Chestnut is the emblematic tree of Limousin. Until the introduction of
potatoes around 1850, only rye could be grown on the poor, acid soils
of Limousin. The carefully managed, natural chestnut groves saved the
local population from starvation in harsh winter time for centuries.
According to a census made in 1808, 33,500 ha were grown with chestnuts in Limousin. A 0.6 ha chestnut grove - that is, 50 trees, each producing 20-30 kg chestnuts per year - could feed six people for 100 days. Chestnut conservation was a challenge, which was solved with heat dessication operations performed in specific stone huts called clédiers, once a significant component of the social life in the Limousin countryside. Frozen, broken and damaged chestnuts were used to feed the pigs, the second staple diet in Limousin.
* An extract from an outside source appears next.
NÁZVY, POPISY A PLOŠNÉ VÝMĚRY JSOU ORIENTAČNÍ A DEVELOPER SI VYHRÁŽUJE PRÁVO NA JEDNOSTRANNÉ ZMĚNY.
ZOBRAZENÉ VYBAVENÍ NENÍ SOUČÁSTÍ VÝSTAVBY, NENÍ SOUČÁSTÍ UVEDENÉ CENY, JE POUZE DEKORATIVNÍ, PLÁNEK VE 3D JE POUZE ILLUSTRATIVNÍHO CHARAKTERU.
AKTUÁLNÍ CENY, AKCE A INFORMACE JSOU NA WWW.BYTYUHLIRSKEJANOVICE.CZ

Being not only the "bread tree", chestnut was grown for its resistant wood; easy to work, chestnut wood had many usages in building (lintels, rafters, boards, claddings, floors) and agriculture (fences and ropes, baskets). Around 1850, the local forges, once the main users of chestnut wood, all closed, and the new job of feuillardier appeared in the countryside. The feuillardiers were specialized workers of rural origin, who exploited chestnut coppices for wood merchants. Producing "black stuff" (unbarked) and "white stuff" (barked), the feuillardiers worked in harsh conditions, living in small huts (loges) built near the coppices. Probably on the model of the Limoges porcelain workers, the exploited feuillardiers set up a first workers' union in 1893 in Saint-Yrieix; the different local unions set up a central bureau in 1906, organizing ten strikes during the gilded age of the feuillardiers, 1880-1939, their membership peaking in 1906 at 1,280.
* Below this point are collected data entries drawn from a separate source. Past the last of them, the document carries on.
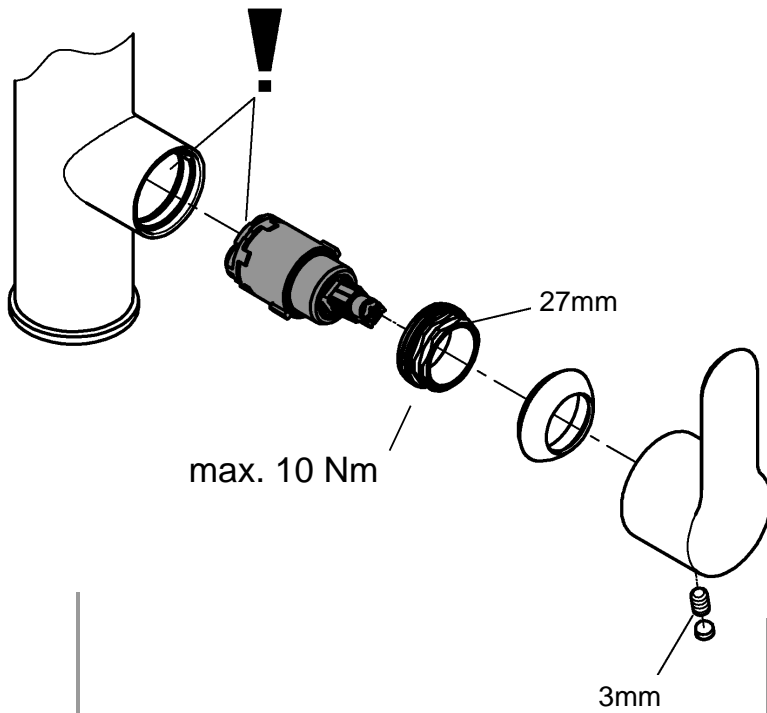

DIN 1988

DIN EN 806

Pure Freude  
an Wasser

**GROHE**  

**D**

+49 571 39 89 333  
service.de@grohe.com

**A**

+43 1 6 80 60  
info-at@grohe.com

Source: Les Châtaigniers en Limousin website
Ivan Sache, 12 September 20120
Previous flags of Region Limousin - Imagse by Ivan Sache, 12 September 2010
The previous flag of the Regional Council exists either without inscription or with the writing "LIMOUSIN / CONSEIL REGIONAL"
The leaf should convey the idea that Limousin is a Region where nature is very important ("Nature is Future"). The leaf outline is on the right side more rounded (nature and tradition) than on the left side, where it is pixelized, thus symbolizing technology and progress. The red "L" over the leaf stands for Limousin.